On opportunities in the South African market and his exposure to SA stocks
We only have a 1% position in a company in South Africa and that is Thungela. We did very well on Thungela on the way up and have been nibbling after the substantial pullback. We do have the luxury of looking around the world. So I can go buy the European food retailer and then I can buy the American food retailer because that’s attractively priced and I can buy the European car manufacturer and I can buy the South African coal mine. So that is the luxury that we have. We can cherry-pick.
There are some South African banks that sound attractive but Santander’s has six times earnings, so I can buy a six times earnings company in South Africa or Santander. Santander would be more liquid and I won’t have to worry about the currency as much. So that, I think, is a factor. Now, you could argue that the South African companies make a higher return on equity than Santander. Yes, but I think Santanders will be working off a lower base, etc. So, I think I have the luxury of being an international investor and I can choose to invest wherever. Would I rather buy Sasol? No ways. Petrobras over Sasol every day of the week because the Brazilian government has 50% of Petrobras. So they have an incentive in making sure this business is profitable. The South African government does not own 50% in Sasol. And, who knows, we could wake up tomorrow and the basic fuel price levy formula has changed.
On how they’re incentivised
Asset management is very lucrative, but not if you’re a tiny boutique like we are. Hopefully at one point it will be lucrative and what we’ve publicly said in our prospectus has just been revised up: as we grow our fees are coming down. There’s a sliding scale in the prospectus. So we trying to do that. There’s a thing called active share that I think everybody should look at. How different are you from the index if you have low active share and you’re very similar to the index, invest in the passive.

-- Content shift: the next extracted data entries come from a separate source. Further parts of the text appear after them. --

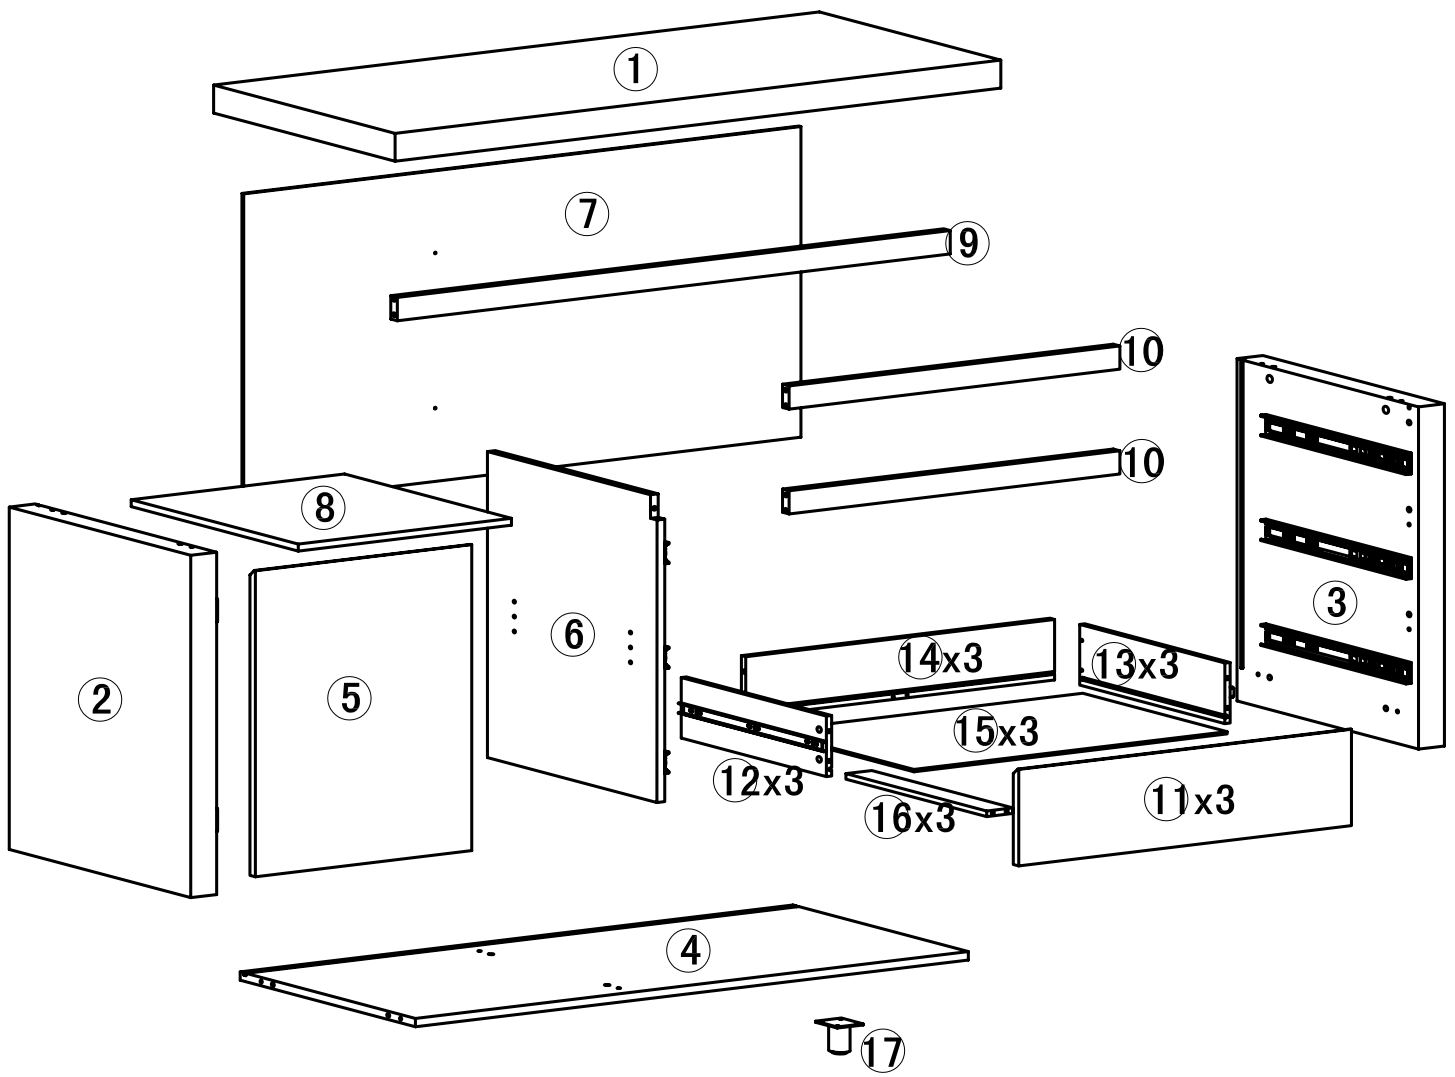

dwell

Retro sideboard

113512-White
118746-Claret
119116-Black
140402-Stone

PLEASE READ

- Please read the assembly instructions carefully.
- We can not accept return on any part or fully assembled products.
- Identify each part of the furniture before assembly using the instructions.
- Check all pieces are present and correct.
- Ensure you have all of the correct tools needed for assembly.
- Clear a suitable place to work.
- Never force the fittings together.
- Do not fully tighten any screws until all pieces of the main structure are in place.
- Keep these instructions for future assembly.

COMPONENTS

TOOLS NOT INCLUDED

HARDWARE

AX19PCS
(Ø6.5x32)

BX18PCS
(Ø6x30)

CX19PCS
(Ø15x12)

DX36PCS
(Ø7.5x28)

EX36PCS
(Ø13x11)

FX10PCS
(M4x14)

GX4PCS
(Ø6x12)

HX2PCS
(Ø8x2.5)

IX2PCS
(Ø25x0.4)

LX2PCS
(105*63*38)

1 ▷

2 ▷

3 ▷
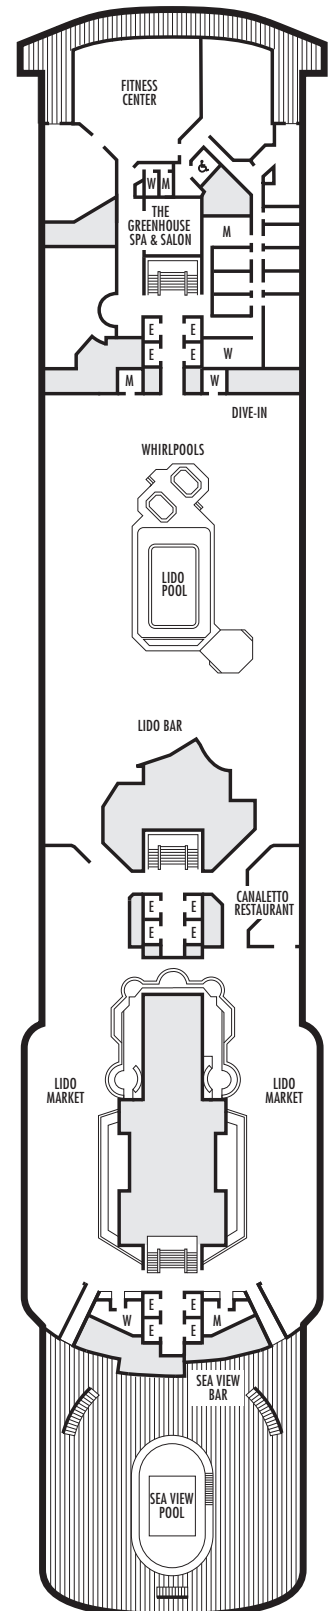

EFFECTIVE AFTER MAY 10, 2018
MS AMSTERDAM

DECK PLANS & STATEROOMS

The deck plans are color-coded by category of stateroom, and the category letter precedes the stateroom number in each room. All staterooms are equipped with interactive LED television with On Demand movies, programming and multichannel music and telephone.

Important Note: Not all staterooms within each category have the same furniture configuration and/or facilities. Appropriate symbols within the rooms on the deck plans describe differences from the stateroom descriptions below.

All information is subject to change.

STATEROOM SYMBOL LEGEND

- Quad (2 lower beds, 1 sofa bed, 1 upper)
- Triple (2 lower beds, 1 sofa bed)
- ▲ 2 lower beds or converts to 1 queen-size
- △ Partial sea view
- × Fully obstructed view
- Shower only
- Bathtub & shower
- + Connecting rooms
- These staterooms have portholes instead of windows
- ♿ Suites B6228 & B6225 and stateroom EE431 are fully accessible, roll-in shower only
- ▼ Suites SA7058 & SA7057 are fully accessible with single side approach to the bed with bathtub & roll-in shower. Staterooms DA6104, G1805 & G1804 are fully accessible with single side approach to the bed, roll-in shower only.
- ★ Staterooms HH3433, HH3428, H3394, H3393, E2702, L2700, J2555, J2554, G2500, FF1964, FF1955, G1807 & G1806 are ambulatory accessible, roll-in shower only
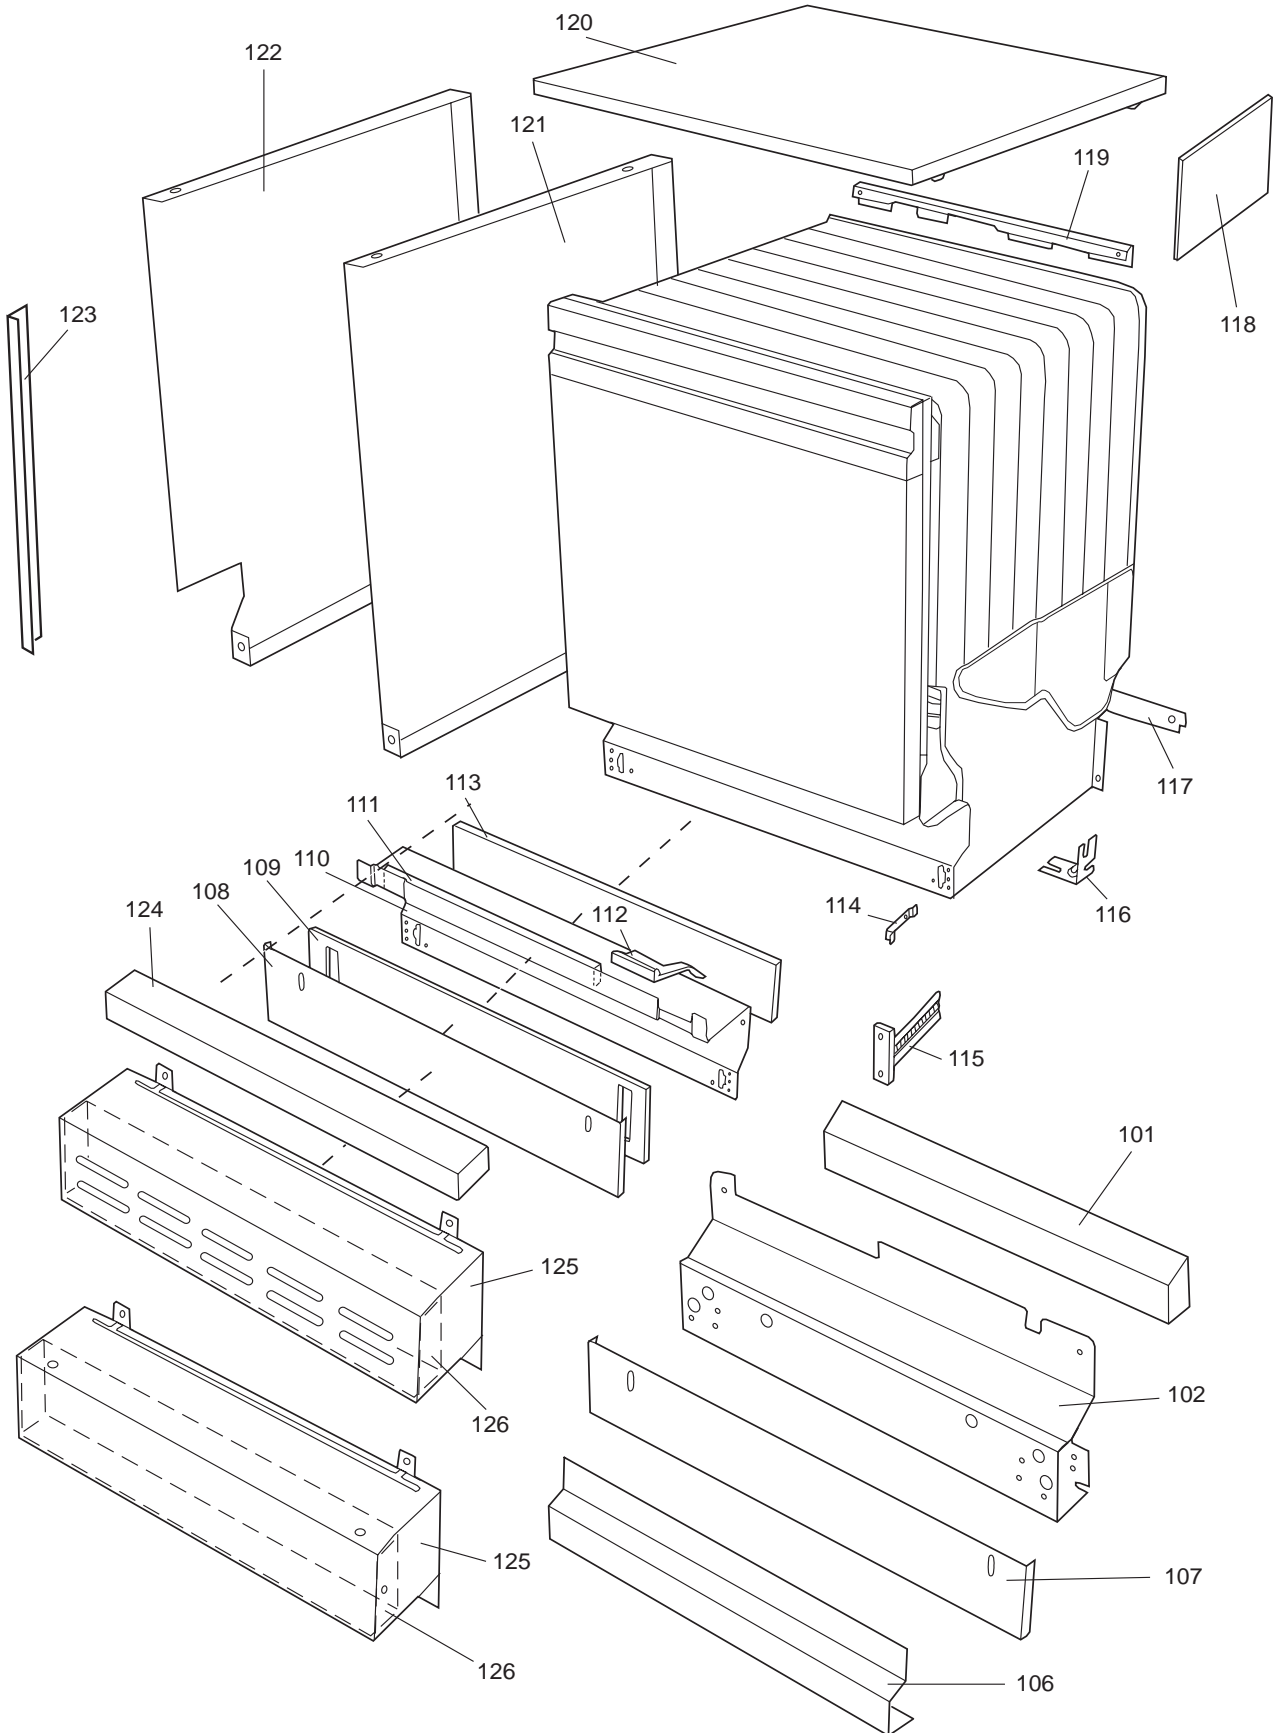

Datum
2003-03-24
Date

YTTERHÖLJE

CASING AND RELATED PARTS

Casing and related parts

ASKO, 1595 US - White Bi (DW954)

Pos	Spare part No.	Description	Qty	Comment
108	8059758-0	Toe Kick, White DW 05/06 US	1 Pcs	
108-a	8900944-0	Screw, white 20 torx	2 Pcs	
109	8070743	Insulation, Toe-Kick 05/06 D	1 Pcs	
110	8057526	Guard Plate DW05 & 06	1 Pcs	
110-a	8902357	Screw	4 Pcs	
111	8060041	Sealing strip, protect plte	1 Pcs	
112	8058486	Drip Guard Overflow 05/06 DW	1 Pcs	
113	8058353	Sound Absorb Guard	1 Pcs	
114	8057550	Spring Adj. Bracket 05/06 DW	2 Pcs	
114-a	8902131	Screw, disc.jh 11-99	2 Pcs	
115	8057549	Bracket/Toe Kick 05/06 DW	2 Pcs	
124	8070615	Sealing Lower Panel DW 05/06	1 Pcs	
125	8057100-S-0	Lower Panel, 05/06 DW	1 Pcs	
125-a	8900352	Screw Access Panel 05/06	2 Pcs	
125-b	8009769	Plug - Decor Frame White	4 Pcs	
126	8070612	Insul, lower panel 05 & 06 D	1 Pcs	
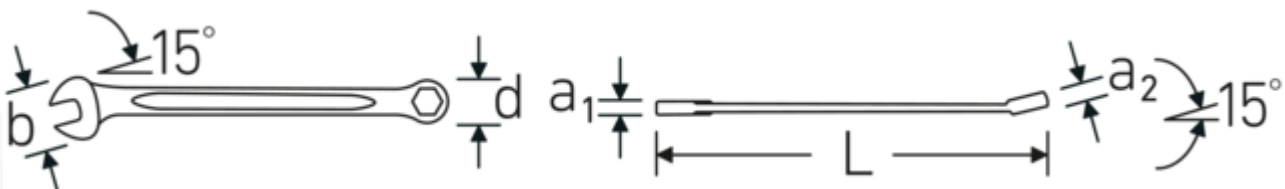

Technical Drawing.

Technical Attributes.

a1 3 mm
a2 3,2 mm

Logistics data.

Depth mm (IFS) 86
Width mm (IFS) 13
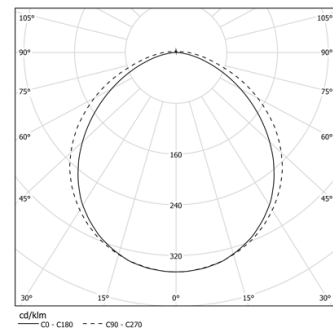

Maximum length of the sum of the modules: ≤4m.

LED CRI>80 / >50.000h, L80/B50 / 3-step MacAdam.
IP44 | 48Vdc

LED	2200K	Light Source	Luminaire
Power	14W	14W	14W
Flux	1320lm	1110lm	1110lm
Efficiency	94lm/W	79lm/W	79lm/W
LOR	-	-	84%
UGR	-	-	-

Beam angle
Diffuse

Application

Weight
0,27Kg

mm

Finishes

● .25 Frost

Included

Fitting accessories 0°
34x19x7mm
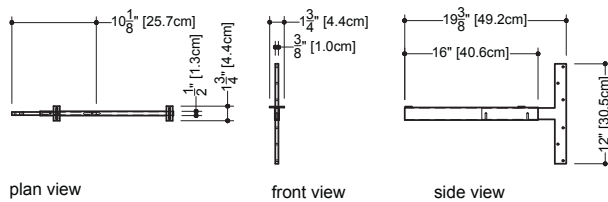

Bracket system

finishes and colors

stainless steel
finish
mirror (M)
brushed (B)

■ bracket system and decorative trim are made of pure stainless steel

■ match with 2" height semi-recessed Cube and Ove lavatories (VCS and VOVS series)

■ see installation guide for bracket positioning

option

decorative round-style bottle trap
polished chrome or brushed nickel

decorative trim weight - 15 lb (US) 7 kg (CA)

included: set of two brackets

WETSTYLE cannot be held responsible for any technical errors and reserves the right to make revisions without notice.

Approximate measurement.
The manufacturer accepts 1/4" (6.35mm) variance.

www.WETSTYLE.CA - Montreal - Canada
Tel. 450.536.9000 - 1 888.536.9001 - Fax. 450.536.0202
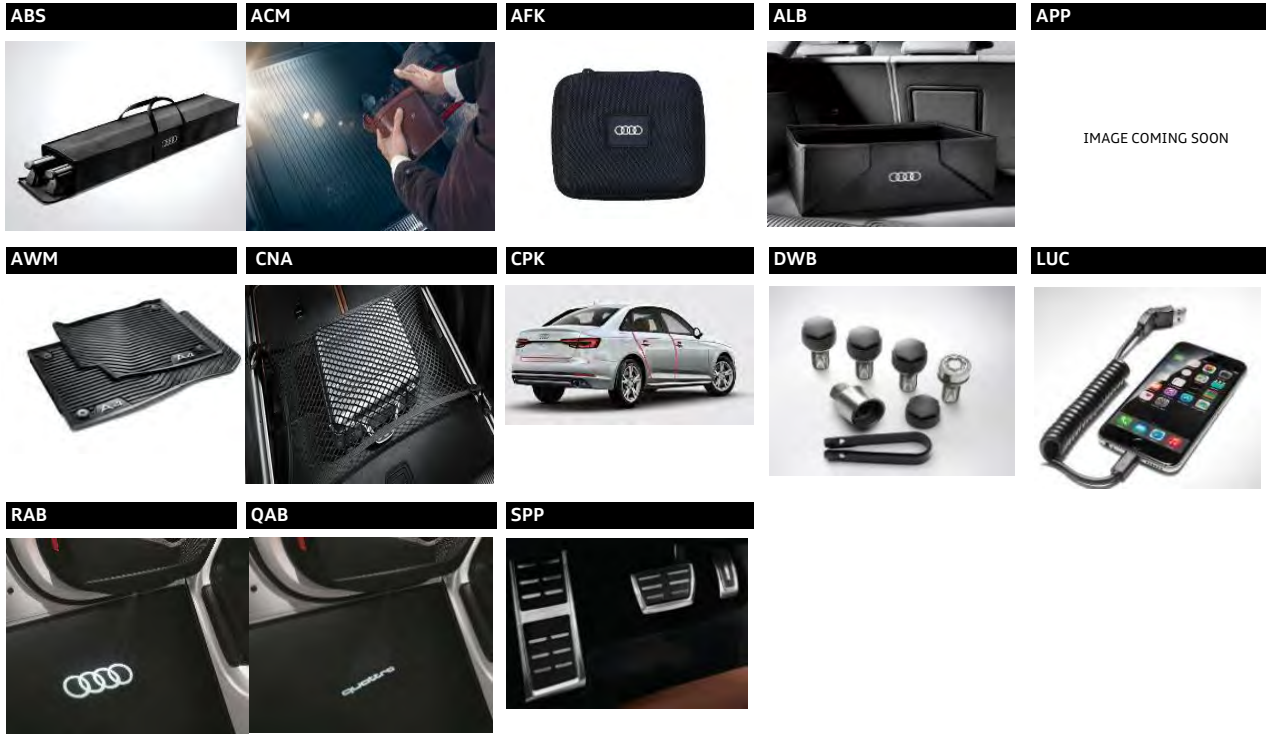

* Please see Summer Performance Tire Disclaimer on the last page of this Guide

ISSUE DATE: 07/11/2018

REVISED DATE:

[RETURN TO TABLE OF CONTENTS](#)

2019 A4 allroad

Port Installed Accessories

PREMIUM	PREMIUM PLUS	PRESTIGE	PORT INSTALLED ACCESSORY DESCRIPTION	OPTION CODE	RETAIL
0	0	0	Audi Travel Space Base Carrier Bars with Storage Bag	ABS	\$ 445
0	0	0	Audi quattro Guard Cargo Mat (n/a with APP or AWM)	ACM	\$ 150
0	0	0	Audi First Aid Kit	AFK	\$ 50
0	0	0	Audi Cargo Box - Collapsible fabric storage box for trunk with Audi rings logo	ALB	\$ 75
0	0	0	Audi Guard Protection Kit (n/a with AWM, ACM or 949) - Includes all-weather floor mats and cargo mat	APP	\$ 300
0	0	0	Audi Guard All-Weather Floor Mats (n/a with APP, ACM or 949) - Black rubber mats with A4 logo (set of four)	AWM	\$ 190
0	0	0	Cargo Net	CNA	\$ 55
0	0	0	Paint Protection: Rear load sill/door cup/door edge	CPK	\$ 175
0	0	0	Audi Guard Wheel Lock Kit	DWB	\$ 105
0	0	0	USB Cables - comes with one Lightning® & one type C USB angled head cable	LUC	\$ 110
0	0	0	Audi Beam-Rings (n/a with QAB) - Lower door trim LED light displaying Audi logo (4 rings)	RAB	\$ 250
0	0	0	Audi Beam-quattro (n/a with RAB) - Lower door trim LED light displaying "quattro"	QAB	\$ 250
0	0	0	Stainless Steel Pedal Caps	SPP	\$ 240

If you have high active share well I’m offering something different. So if I’m offering something different, then why must investors pay the rates of the passive. The problem is that in theory it’s great but then you charge performance fees- but over what period? And what’s the mechanism? They’re very complex things. If you’re a daily dealing fund, like we are, do you have a new series for every investor every day. Because if you invest today and it goes up, will you have watermarks different to the guy who invested yesterday? So you’ve got to have a new mechanism. It can get really complex from an administrator. And that’s why many hedge funds only deal monthly so that you have a different series for each month. And then when they all hit high watermark, they all convert etc. So, all we’re going to do is charge a fair fee. If I charged a performance fee based on my peers, I think, the peer benchmark would have been 5% last year and we didn’t. So I just want to charge a fair fee and we’re not getting rich, I can promise you. And when we do, it’s all going to go back – 25% of our revenue is going to go to charitable causes that our clients are going to choose.